> **PROBLEM REQUIREMENTS**:
Pull out all lines from the listing below in which the word "GRILLE" appears.

> **RECORDS PROVIDED**:
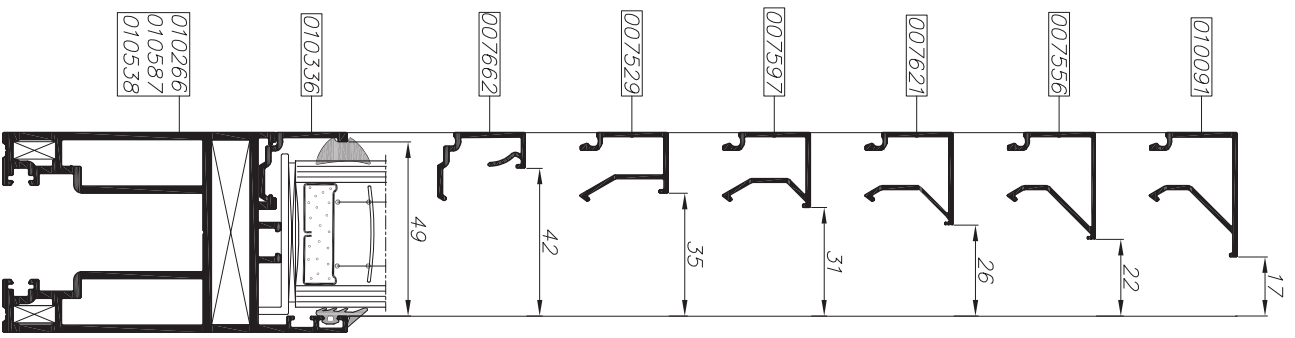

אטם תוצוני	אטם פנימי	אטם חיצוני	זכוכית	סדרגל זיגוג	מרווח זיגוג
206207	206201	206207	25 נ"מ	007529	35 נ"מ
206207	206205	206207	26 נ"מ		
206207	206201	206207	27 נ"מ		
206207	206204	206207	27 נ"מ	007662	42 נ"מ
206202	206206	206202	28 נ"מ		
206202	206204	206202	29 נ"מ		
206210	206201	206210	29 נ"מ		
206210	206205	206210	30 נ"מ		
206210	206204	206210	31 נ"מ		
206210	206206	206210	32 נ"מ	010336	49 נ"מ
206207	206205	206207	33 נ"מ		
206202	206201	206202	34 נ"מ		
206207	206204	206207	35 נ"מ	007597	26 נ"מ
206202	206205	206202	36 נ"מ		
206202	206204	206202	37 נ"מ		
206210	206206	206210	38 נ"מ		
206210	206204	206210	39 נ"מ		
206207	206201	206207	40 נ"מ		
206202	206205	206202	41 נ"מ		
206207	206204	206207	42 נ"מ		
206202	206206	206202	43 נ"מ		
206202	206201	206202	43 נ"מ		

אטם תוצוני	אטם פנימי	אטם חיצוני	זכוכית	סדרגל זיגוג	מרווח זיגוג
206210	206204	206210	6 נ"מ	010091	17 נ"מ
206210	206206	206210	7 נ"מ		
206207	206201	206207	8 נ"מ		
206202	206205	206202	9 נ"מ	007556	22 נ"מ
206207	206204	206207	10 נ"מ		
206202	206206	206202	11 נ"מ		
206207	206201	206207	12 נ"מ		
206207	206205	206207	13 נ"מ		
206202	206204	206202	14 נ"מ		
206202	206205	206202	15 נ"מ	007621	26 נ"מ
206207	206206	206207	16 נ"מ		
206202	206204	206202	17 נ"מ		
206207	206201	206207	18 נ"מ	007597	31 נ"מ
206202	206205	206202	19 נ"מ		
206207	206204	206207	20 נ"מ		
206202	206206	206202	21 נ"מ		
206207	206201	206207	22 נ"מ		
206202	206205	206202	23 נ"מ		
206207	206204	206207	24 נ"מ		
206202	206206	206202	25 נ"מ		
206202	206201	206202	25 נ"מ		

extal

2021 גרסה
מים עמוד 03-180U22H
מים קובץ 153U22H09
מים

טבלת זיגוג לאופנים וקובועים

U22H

* * *

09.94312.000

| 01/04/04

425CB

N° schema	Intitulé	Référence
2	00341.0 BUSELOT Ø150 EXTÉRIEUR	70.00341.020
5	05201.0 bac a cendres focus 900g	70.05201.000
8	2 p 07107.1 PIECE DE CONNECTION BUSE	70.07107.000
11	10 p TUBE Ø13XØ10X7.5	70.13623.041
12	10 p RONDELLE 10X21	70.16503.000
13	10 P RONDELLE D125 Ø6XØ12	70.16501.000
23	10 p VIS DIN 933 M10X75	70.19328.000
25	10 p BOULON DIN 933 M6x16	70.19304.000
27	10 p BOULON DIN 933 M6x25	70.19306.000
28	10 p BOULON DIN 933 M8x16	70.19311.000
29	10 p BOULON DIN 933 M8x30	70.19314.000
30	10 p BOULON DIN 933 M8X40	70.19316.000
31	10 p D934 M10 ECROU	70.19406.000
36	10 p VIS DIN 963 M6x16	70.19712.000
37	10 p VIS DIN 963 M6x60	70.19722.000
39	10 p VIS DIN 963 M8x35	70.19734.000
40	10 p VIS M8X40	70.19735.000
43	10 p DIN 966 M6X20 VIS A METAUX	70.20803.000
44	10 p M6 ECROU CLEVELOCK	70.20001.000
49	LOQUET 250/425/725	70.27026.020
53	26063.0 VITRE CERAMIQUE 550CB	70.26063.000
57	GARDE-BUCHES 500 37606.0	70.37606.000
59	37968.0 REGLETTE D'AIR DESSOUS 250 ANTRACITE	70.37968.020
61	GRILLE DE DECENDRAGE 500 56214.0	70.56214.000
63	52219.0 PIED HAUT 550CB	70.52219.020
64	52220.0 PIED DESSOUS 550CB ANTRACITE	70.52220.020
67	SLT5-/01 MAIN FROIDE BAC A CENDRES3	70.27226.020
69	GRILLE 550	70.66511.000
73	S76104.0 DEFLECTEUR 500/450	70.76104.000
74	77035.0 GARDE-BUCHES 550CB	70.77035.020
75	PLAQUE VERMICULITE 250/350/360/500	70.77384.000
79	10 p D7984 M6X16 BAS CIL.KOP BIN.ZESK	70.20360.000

> **SOLUTION TO THIS PROBLEM**:
61	GRILLE DE DECENDRAGE 500 56214.0	70.56214.000
69	GRILLE 550	70.66511.000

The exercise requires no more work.